It’s common for people with cancer to have questions about what to eat and whether to exercise during and after treatment. The right diet and exercise for you depends on the cancer type, the treatments you are having, your general health and your doctor’s advice. 

Who can help with nutrition and physical activity?

Your GP and treatment team can provide general advice, but the following experts can also help.

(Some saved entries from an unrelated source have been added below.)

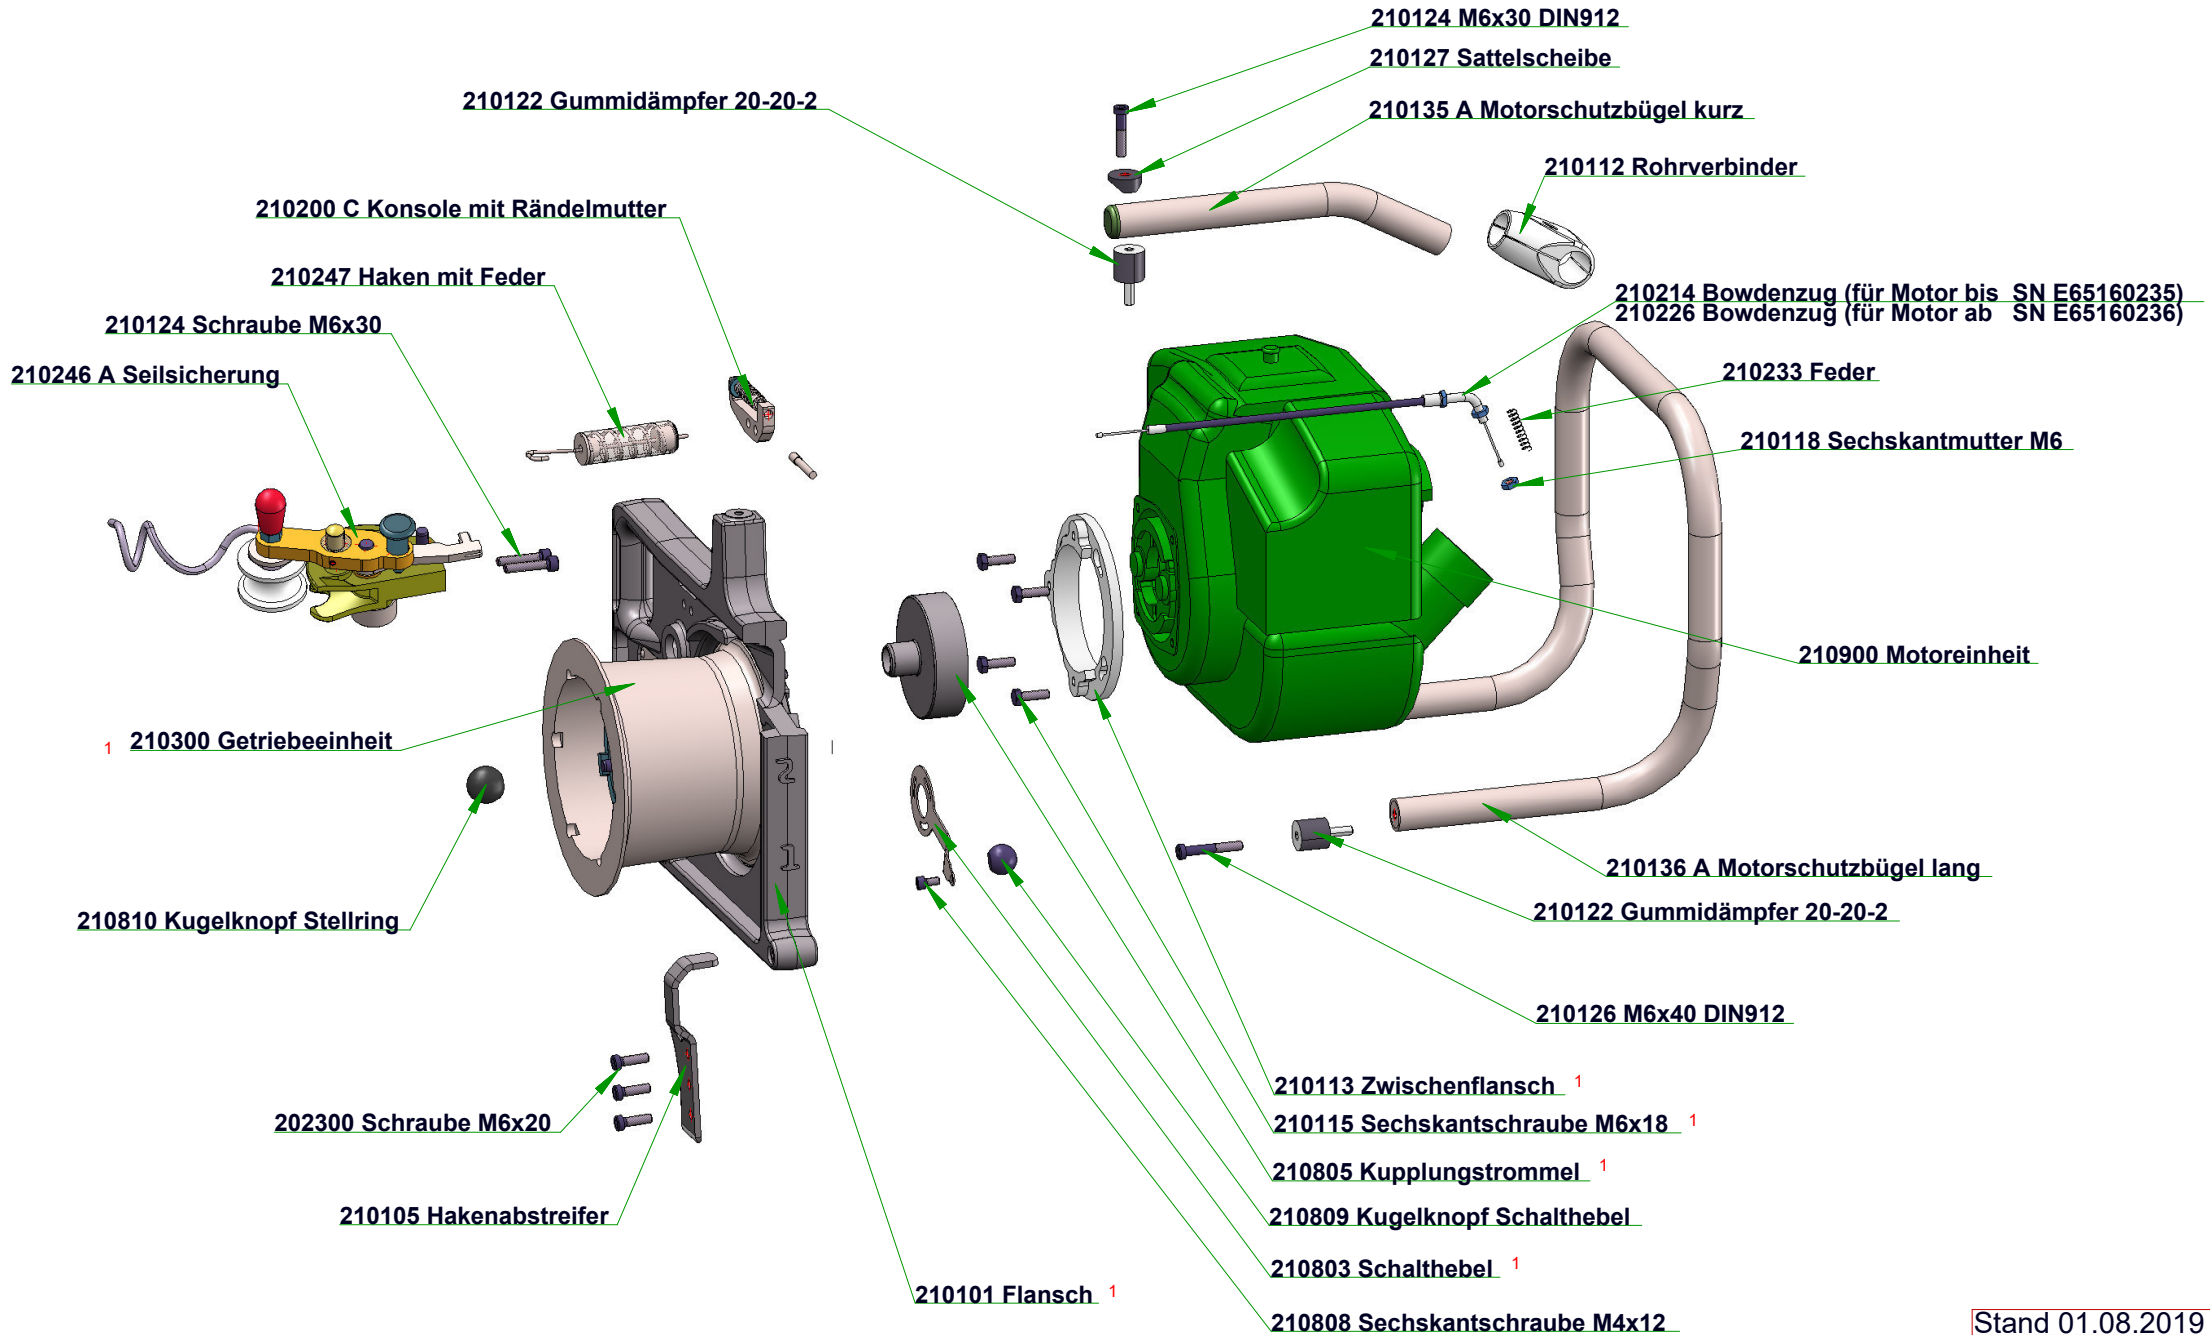

Spillwinde 1800

1: nur in offizieller Werkstatt tauschbar
1: only in official repair shop changeable
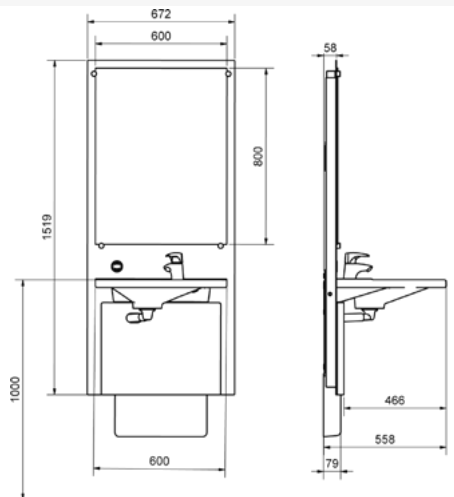

# F-LINE

CADRE POUR LAVABO RÉGLABLE EN HAUTEUR ÉLECTRIQUEMENT

 Garantie 5 ans pièces

- Dimension du cadre: L672m x H1519mm x P645mm
- Lavabo arrondi à poignées ergonomiques intégrées, largeur 60cm sans trop plein
- Equipé d'un grand miroir réglable avec le lavabo
- Matériaux: cadre acier et capot acrylique blanc ; Lavabo en composite
- Coloris: Blanc
- Course de 30cm - Hauteur mini: 70cm, hauteur maxi: 100cm par rapport au sol
- Charge maxi. : 200kg (lavabo inclus)

## EQUIPEMENTS INCLUS:

Cadre support, miroir, mitigeur à poignée ajourée, cache plomberie, kit plomberie et interrupteur, (lavabo pour la version FLSPPV)

NOTICE  
D'INSTALLATION

F-LINE est un ensemble vasque / miroir qui offre un réglage en hauteur complet sur 30cm.

En effet, le miroir se règle en hauteur en même temps que le lavabo (celui-ci proposé en option ou bien livré nu)  
Son interrupteur est directement intégré de manière esthétique et pratique.

| Mécanisme Référence | FLNU sans lavabo | FLSPPV avec lavabo Support* |
|---------------------|------------------|-----------------------------|
| Points              | 2472             | 3428                        |
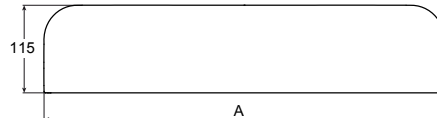

## DIMENSIONS

Longueur	800 mm
Largeur	115 mm
Hauteur	30 mm

## DESSINS TECHNIQUES

A (mm)	ANCHO PLATO (mm)
525,5	700
625,5	800
725,5	900
825,5	1000
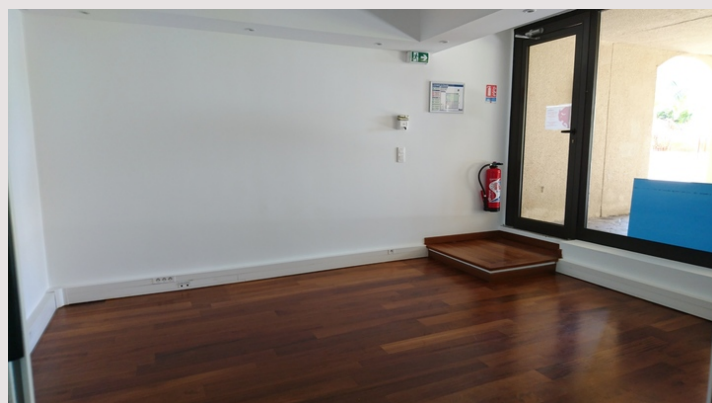

Bureau avec Vitrine dans les jardins à Fontvieille

Vente Monaco

1 700 000 €

Agréable bureau très calme avec vue sur jardins, grande vitrine
La pièce principale est cloisonnée avec des vitres en 2 bureaux, parquet au sol
2 WC

Etage

RDC avec vitrine

Bureau avec Vitrine dans les jardins à Fontvieille
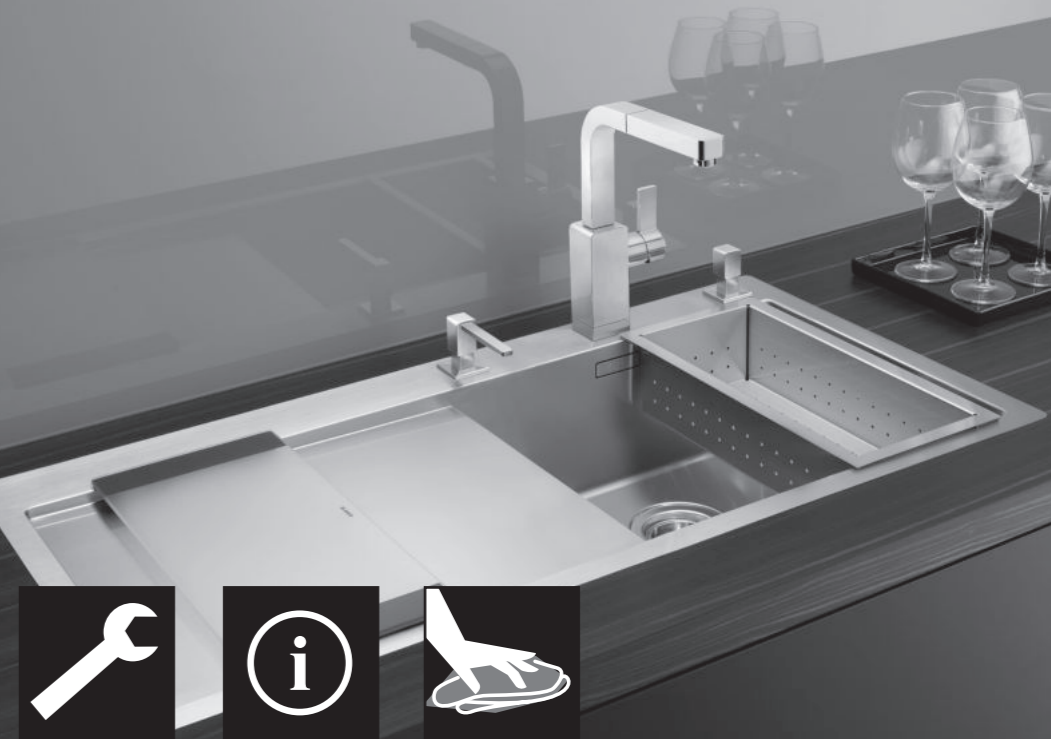

+2 mm / -1 mm A	+1 mm / -1 mm B	+1 mm / -1 mm E	+1 mm / -1 mm F	R
BLANCO CLARON 400-IF/A	440 mm	490 mm	462 mm	512 mm	11 mm
BLANCO CLARON 500-IF/A	540 mm	490 mm	562 mm	512 mm	11 mm
BLANCO CLARON 550-IF/A	590 mm	490 mm	612 mm	512 mm	11 mm
BLANCO CLARON 700-IF/A	740 mm	490 mm	762 mm	512 mm	11 mm
BLANCO CLARON 340/180-IF/A	585 mm	490 mm	607 mm	512 mm	11 mm
BLANCO CLARON 340/340-IF/A	745 mm	490 mm	767 mm	512 mm	11 mm
BLANCO CLARON 400/400-IF/A	865 mm	490 mm	887 mm	512 mm	11 mm
BLANCO CLARON 4 S-IF	760 mm	490 mm	782 mm	512 mm	11 mm
BLANCO CLARON 5 S-IF	980 mm	490 mm	1002 mm	512 mm	11 mm
BLANCO CLARON 6 S-IF	980 mm	490 mm	1002 mm	512 mm	11 mm
BLANCO CLARON 8 S-IF	1140 mm	490 mm	1162 mm	512 mm	11 mm
BLANCO CLARON XL 60-IF/A DampfgarPlus	540 mm	460 mm	562 mm	482 mm	11 mm
BLANCO ZEROX 400-IF/A	440 mm	490 mm	462 mm	512 mm	5 mm
BLANCO ZEROX 500-IF/A	540 mm	490 mm	562 mm	512 mm	5 mm
BLANCO ZEROX 550-IF/A	590 mm	490 mm	612 mm	512 mm	5 mm
BLANCO ZEROX 700-IF/A	740 mm	490 mm	762 mm	512 mm	5 mm
BLANCO ZEROX 340/180-IF/A	585 mm	490 mm	607 mm	512 mm	5 mm
BLANCO ZEROX 340/340-IF/A	745 mm	490 mm	767 mm	512 mm	5 mm
BLANCO ZEROX 400/400-IF/A	865 mm	490 mm	887 mm	512 mm	5 mm
BLANCO ZEROX 4 S-IF	760 mm	490 mm	782 mm	512 mm	5 mm
BLANCO ZEROX 5 S-IF	980 mm	490 mm	1002 mm	512 mm	5 mm
BLANCO ZEROX 6 S-IF	980 mm	490 mm	1002 mm	512 mm	5 mm
BLANCO ZEROX 8 S-IF	1140 mm	490 mm	1162 mm	512 mm	5 mm
BLANCO FLOW 45 S-IF	985 mm	495 mm	1002 mm	512 mm	5 mm
BLANCO FLOW 5 S-IF	1145 mm	495 mm	1162 mm	512 mm	5 mm
BLANCO FLOW 6 S-IF	1140 mm	490 mm	1162 mm	512 mm	5 mm
BLANCO FLOW XL 6 S-IF	1045 mm	495 mm	1062 mm	512 mm	5 mm
BLANCO FLOW 8 S-IF	1430 mm	490 mm	1452 mm	512 mm	5 mm
BLANCO DIVON II 45 S-IF	840 mm	490 mm	862 mm	512 mm	11 mm
BLANCO DIVON II 5 S-IF	980 mm	490 mm	1002 mm	512 mm	11 mm
BLANCO DIVON II 6 S-IF	980 mm	490 mm	1002 mm	512 mm	11 mm
BLANCO DIVON II 8 S-IF	1140 mm	490 mm	1162 mm	512 mm	11 mm
BLANCO DIVON II 8-IF	840 mm	490 mm	862 mm	512 mm	11 mm

BLANCO STEELART
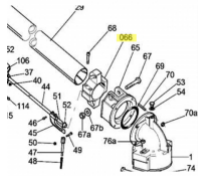

irripart 24

SIME Clamp (10521)

73,09 €

* Preise inkl. gesetzlicher MwSt. zzgl. Versandkosten

Marke: SIME

Bestell-Nr.: 99012501

SIME Clamp

passend für:
SIME Kronos
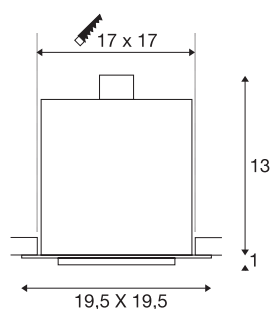

KADUX 1

встраиваемый светильник, однорожковый, QPAR-111, квадратный, шлифованный алюминий, макс. 75 Вт, плоские пружины в компл.

Серия встраиваемых светильников KADUX отличается прочным корпусом и привлекательной, высококачественной оптикой. Шарнирное соединение позволяет регулировать угол наклона держателей ламп этой высоковольтной версии ES111, что обеспечивает возможность индивидуальной настройки светового пучка. Встраиваемый светильник KADUX 1 можно напрямую подключать к сети напряжением 230 В.

Технические характеристики

Тов. №	115546
Источник света	QPAR111
Количество патронов	1
Включая источник света	Нет
С регулировкой наклона и поворота	С регулировкой угла наклона и возможностью вращения
IP Code	IP 20
Сборка	Встраиваемый
Детали сборки	Потолок
Номинальное первичное напряжение	220-240V ~50/60Hz
Класс защиты	I
Мощность	75 W
Цвет	Алюминий
Световое отверстие	прямой
Длина	19.5 cm
Ширина	19.5 cm
Высота	14 cm
Вес нетто	1.114 kg
вес брутто	1.541 kg
Форма сечения	квадратный
Установочная длина	17 cm
Установочная ширина	17 cm
Установочная глубина	15 cm
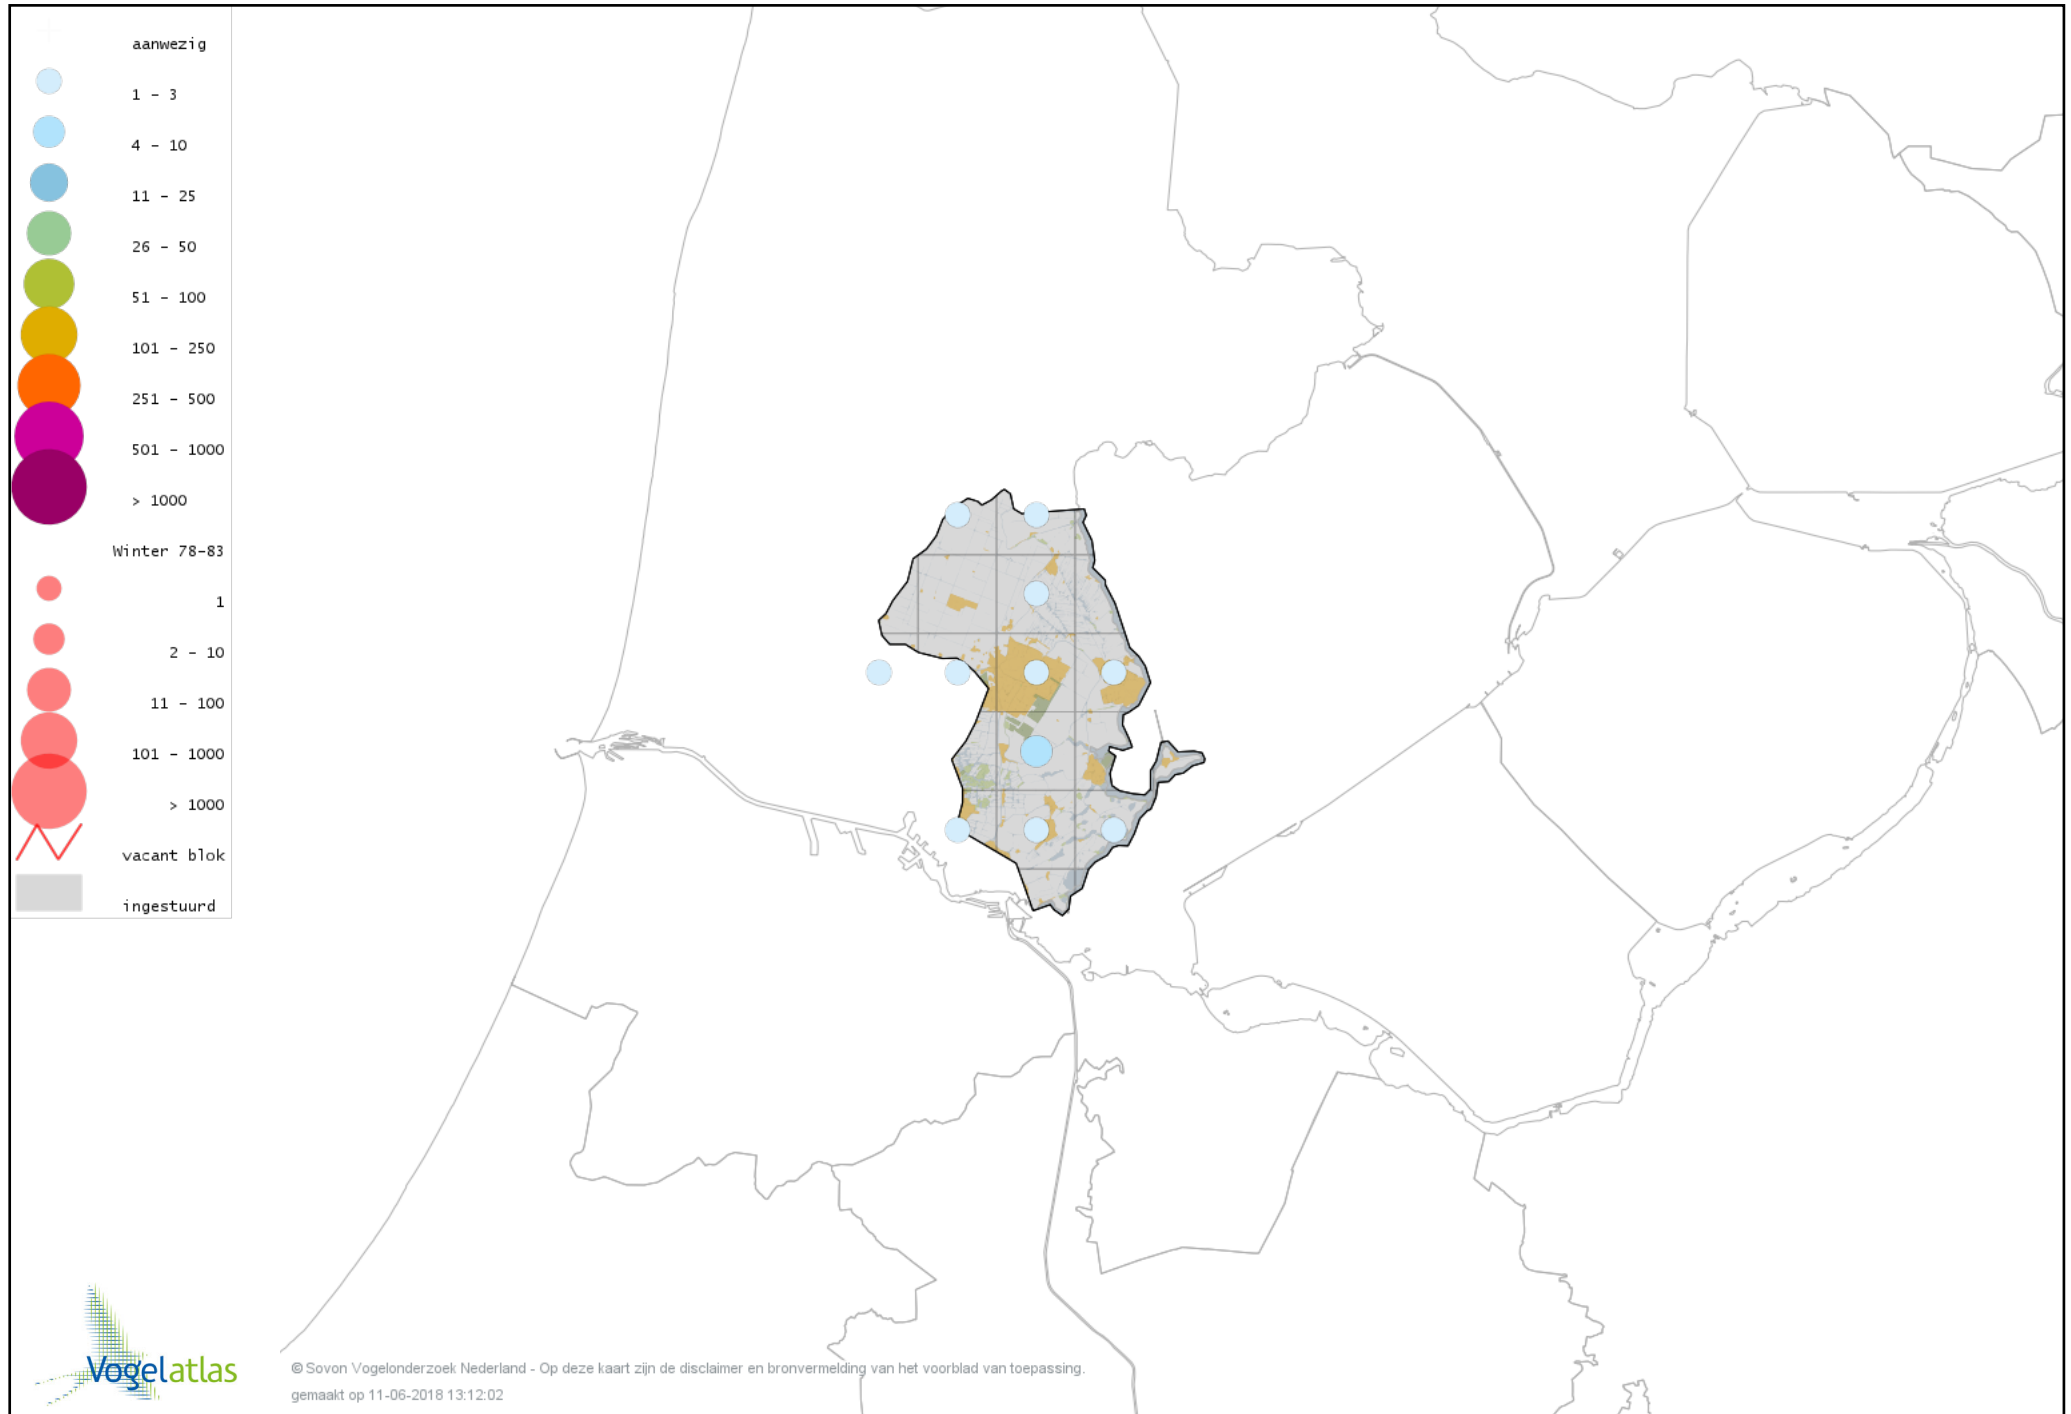

Voorlopige verspreidingskaart Geelpootmeeuw winter

Voorlopige verspreidingskaart Pontische Meeuw winter

Voorlopige verspreidingskaart Kleine Burgemeester winter

Voorlopige verspreidingskaart Grote Mantelmeeuw winter

Voorlopige verspreidingskaart Vidsief winter

Voorlopige verspreidingskaart Stadsduif winter

Voorlopige verspreidingskaart Holenduif winter

Voorlopige verspreidingskaart Houtduif winter

Voorlopige verspreidingskaart Turkse Tortel winter

Voorlopige verspreidingskaart Grote Alexanderparkiet winter

Voorlopige verspreidingskaart Halsbandparkiet winter

Voorlopige verspreidingskaart Kerkuil winter

Voorlopige verspreidingskaart Sneeuwuil winter

Exercise physiologist – An accredited exercise physiologist (AEP) has completed at least a 4-year university degree. They use exercise as medicine to help with chronic disease management and overall wellbeing.

Physiotherapist – This allied health professional has completed at least a 4-year university degree. They focus on physical rehabilitation and prevention and treatment of injuries using a variety of techniques, including exercise, massage and joint manipulation.

Dietitian – An accredited practising dietitian (APD) has completed a 4-year university degree in science, nutrition and dietetics. They modify diets to help treat disease symptoms and to get the most out of food.

Nutritionist – This term refers to both qualified nutrition scientists and naturopathic nutritionists. Some dietitians also call themselves nutritionists. Nutritionists working in the natural health industry should have at least a diploma of nutrition, or equivalent, from a university or naturopathic college.

For nutrition advice specific to cancer, speak to an accredited practising dietitian.

How exercise and a balanced diet can help


Why it is useful – Research shows that exercise benefits most people both during and after cancer treatment.

It increases energy levels, improves sleep, reduces treatment-related muscle loss, improves bone and muscle strength, improves mobility and balance, relieves stress, and decreases fatigue, anxiety and depression.

What to expect – The Clinical Oncology Society of Australia recommends that people with cancer do:

  • at least 150 minutes (2½ hours) of moderate intensity aerobic exercise or 75 minutes (1¼ hours) of vigorous intensity aerobic exercise every week
  • 2–3 strength-training (resistance exercise) sessions a week to build muscle strength.

How to exercise safely

  • Before taking part in any exercise program, it is important to talk to your cancer care team or GP about any precautions you should take. Ask about the amount and type of exercise that is right for you.
  • Exercise professionals, such as an accredited exercise physiologist or physiotherapist, can develop an exercise program to meet your specific needs and show you how to exercise safely. Some treatment centres have professionals who are specially trained in exercise interventions for people with cancer.

More information

Download our booklet ‘Exercise for People Living with Cancer’ for examples of aerobic, strength-training and flexibility exercises

Balanced diet

Why it is useful – Cancer and its treatment both place extra demands on the body.

Research shows that eating well before, during and after treatment can help you cope better with treatment side effects and speed up recovery, increase energy and maintain wellbeing.

What to expect – Cancer Council recommends that most people with cancer follow the Australian Dietary Guidelines and:

  • eat a balanced diet from the 5 food groups – fruit, vegetables and legumes, wholegrains, meat (or alternatives) and dairy (or alternatives)
  • limit foods containing saturated fat, added salt and added sugars, avoid sugary drinks, and limit alcohol.

How to eat well – For some people, it is not always possible to eat well during cancer treatment. You may find it hard to eat enough or you may have trouble  eating some foods. This may mean that your food choices need to be different from the Australian Dietary Guidelines.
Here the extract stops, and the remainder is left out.